To install, run the following command in the terminal:

pip install pdf2image

Usage

The basic usage for converting a PDF to an image is quite simple.

Here’s an example of how to convert each page of a PDF into a PIL image object and save it as a file:

from pdf2image import convert_from_path

# Convert PDF to a list of images
images = convert_from_path('/path/to/your/pdf/file.pdf')

# Save each page as a PNG image
for i, image in enumerate(images):
image.save(f'output_page_{i+1}.png', 'PNG')

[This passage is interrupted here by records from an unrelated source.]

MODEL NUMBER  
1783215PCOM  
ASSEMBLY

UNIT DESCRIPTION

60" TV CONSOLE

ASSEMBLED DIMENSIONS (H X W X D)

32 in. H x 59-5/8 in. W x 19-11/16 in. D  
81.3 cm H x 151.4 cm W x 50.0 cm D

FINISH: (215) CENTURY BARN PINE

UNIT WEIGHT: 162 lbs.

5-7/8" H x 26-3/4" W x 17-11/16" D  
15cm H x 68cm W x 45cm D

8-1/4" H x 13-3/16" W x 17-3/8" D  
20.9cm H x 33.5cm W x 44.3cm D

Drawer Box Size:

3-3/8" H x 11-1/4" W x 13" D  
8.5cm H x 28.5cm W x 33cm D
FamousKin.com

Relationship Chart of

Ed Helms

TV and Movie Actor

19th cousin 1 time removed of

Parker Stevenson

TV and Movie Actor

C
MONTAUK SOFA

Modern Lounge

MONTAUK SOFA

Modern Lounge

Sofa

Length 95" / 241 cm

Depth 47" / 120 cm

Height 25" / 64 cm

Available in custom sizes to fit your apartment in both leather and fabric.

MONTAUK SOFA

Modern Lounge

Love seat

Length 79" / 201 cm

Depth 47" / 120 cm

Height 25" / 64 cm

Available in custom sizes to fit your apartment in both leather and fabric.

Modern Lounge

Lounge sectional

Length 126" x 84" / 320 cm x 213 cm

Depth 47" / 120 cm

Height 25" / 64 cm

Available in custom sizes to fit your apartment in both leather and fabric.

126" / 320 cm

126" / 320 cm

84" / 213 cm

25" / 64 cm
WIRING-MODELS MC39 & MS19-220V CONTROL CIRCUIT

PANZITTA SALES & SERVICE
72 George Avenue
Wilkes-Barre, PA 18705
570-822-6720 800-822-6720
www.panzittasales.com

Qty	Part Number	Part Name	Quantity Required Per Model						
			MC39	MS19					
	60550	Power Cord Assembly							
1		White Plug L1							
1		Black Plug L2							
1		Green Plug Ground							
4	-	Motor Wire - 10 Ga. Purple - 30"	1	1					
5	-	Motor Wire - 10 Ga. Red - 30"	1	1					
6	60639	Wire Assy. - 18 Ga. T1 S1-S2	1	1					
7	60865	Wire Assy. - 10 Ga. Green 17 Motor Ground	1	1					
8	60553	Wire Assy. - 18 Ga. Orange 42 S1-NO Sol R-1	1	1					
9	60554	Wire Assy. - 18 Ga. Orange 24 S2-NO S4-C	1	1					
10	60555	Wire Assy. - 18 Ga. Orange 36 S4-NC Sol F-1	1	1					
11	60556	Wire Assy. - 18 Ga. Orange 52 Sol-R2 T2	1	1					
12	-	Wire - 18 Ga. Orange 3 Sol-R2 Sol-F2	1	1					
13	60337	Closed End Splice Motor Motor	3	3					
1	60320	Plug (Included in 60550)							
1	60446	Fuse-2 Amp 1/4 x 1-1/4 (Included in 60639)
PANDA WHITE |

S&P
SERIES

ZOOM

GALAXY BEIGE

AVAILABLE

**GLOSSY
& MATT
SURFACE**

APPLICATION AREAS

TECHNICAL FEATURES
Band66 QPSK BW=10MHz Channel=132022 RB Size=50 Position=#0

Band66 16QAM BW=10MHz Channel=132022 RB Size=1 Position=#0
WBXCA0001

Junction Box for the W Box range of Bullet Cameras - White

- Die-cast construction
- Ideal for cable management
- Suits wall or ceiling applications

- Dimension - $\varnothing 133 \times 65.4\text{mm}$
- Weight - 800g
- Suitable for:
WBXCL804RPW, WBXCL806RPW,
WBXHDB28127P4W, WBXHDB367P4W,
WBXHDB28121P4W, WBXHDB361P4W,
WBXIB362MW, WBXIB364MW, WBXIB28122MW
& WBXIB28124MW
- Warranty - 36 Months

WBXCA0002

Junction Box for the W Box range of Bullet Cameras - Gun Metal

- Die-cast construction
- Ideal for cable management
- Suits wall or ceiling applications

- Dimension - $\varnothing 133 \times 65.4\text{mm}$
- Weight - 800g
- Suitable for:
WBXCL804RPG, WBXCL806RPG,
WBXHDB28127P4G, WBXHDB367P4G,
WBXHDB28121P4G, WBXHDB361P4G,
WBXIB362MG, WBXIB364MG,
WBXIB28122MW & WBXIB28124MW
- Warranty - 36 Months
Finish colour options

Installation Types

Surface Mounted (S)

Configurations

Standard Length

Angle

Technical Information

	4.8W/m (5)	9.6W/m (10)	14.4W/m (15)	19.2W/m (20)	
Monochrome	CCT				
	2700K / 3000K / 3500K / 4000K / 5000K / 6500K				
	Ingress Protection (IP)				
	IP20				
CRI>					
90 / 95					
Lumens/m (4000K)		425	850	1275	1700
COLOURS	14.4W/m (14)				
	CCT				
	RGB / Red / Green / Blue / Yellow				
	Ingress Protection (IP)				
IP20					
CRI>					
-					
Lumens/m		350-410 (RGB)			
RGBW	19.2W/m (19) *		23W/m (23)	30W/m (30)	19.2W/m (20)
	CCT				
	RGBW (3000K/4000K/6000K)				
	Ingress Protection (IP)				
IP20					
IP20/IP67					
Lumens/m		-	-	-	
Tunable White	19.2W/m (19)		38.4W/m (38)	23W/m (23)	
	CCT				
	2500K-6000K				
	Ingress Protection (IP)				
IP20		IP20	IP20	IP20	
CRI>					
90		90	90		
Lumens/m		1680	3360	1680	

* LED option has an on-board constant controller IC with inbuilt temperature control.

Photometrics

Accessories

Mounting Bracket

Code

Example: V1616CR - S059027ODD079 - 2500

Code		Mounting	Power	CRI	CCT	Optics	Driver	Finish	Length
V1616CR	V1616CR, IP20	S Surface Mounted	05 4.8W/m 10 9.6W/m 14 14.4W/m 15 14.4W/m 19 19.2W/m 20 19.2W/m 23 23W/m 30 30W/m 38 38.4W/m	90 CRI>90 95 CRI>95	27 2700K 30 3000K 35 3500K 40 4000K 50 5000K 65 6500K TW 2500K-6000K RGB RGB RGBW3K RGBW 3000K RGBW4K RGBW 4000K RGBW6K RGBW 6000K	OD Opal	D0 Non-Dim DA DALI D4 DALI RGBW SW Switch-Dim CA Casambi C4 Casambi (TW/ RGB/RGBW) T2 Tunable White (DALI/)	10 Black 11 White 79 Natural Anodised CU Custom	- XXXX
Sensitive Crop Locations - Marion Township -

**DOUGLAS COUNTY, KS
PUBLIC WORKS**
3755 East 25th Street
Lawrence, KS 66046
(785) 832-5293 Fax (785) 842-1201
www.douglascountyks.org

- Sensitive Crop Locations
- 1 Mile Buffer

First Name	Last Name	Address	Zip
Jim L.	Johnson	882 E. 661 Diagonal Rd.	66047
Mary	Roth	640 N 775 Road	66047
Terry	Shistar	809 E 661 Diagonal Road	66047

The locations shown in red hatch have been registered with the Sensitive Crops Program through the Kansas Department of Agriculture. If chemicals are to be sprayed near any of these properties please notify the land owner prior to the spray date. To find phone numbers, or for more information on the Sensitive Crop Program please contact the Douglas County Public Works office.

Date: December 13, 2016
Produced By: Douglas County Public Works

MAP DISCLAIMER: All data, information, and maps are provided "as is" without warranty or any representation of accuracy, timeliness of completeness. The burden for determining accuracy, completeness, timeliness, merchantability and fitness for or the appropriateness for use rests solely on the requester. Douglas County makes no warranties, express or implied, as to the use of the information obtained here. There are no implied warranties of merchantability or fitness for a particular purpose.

If you want to convert from binary data, you can do it as follows:

with open('/path/to/your/pdf/file.pdf', 'rb') as f:
pdf_data = f.read()

images = convert_from_bytes(pdf_data)

Optional Parameters and Advanced Settings

pdf2image provides rich optional parameters that allow you to customize the quality and range of the output images:

  • DPI Setting: Adjusting the dpi parameter can increase the image resolution, suitable for cases where high-quality images are required:

    images = convert_from_path('/path/to/your/pdf/file.pdf', dpi=300)
  • Specify Page Range: Use the first_page and last_page parameters to convert only specific pages:

    images = convert_from_path('/path/to/your/pdf/file.pdf', first_page=2, last_page=5)
  • Output Image Format: The fmt parameter allows you to specify the output image format, such as JPEG or PNG:

    images = convert_from_path('/path/to/your/pdf/file.pdf', fmt='jpeg')
  • Error Handling: During the conversion process, you might encounter format errors or corrupted files. It’s recommended to use try/except to catch exceptions:

    try:
    images = convert_from_path('/path/to/your/pdf/file.pdf')
    except Exception as e:
    print("Conversion failed:", e)

Conclusion

pdf2image is a useful tool. For more parameters and detailed usage, refer to the official pdf2image documentation.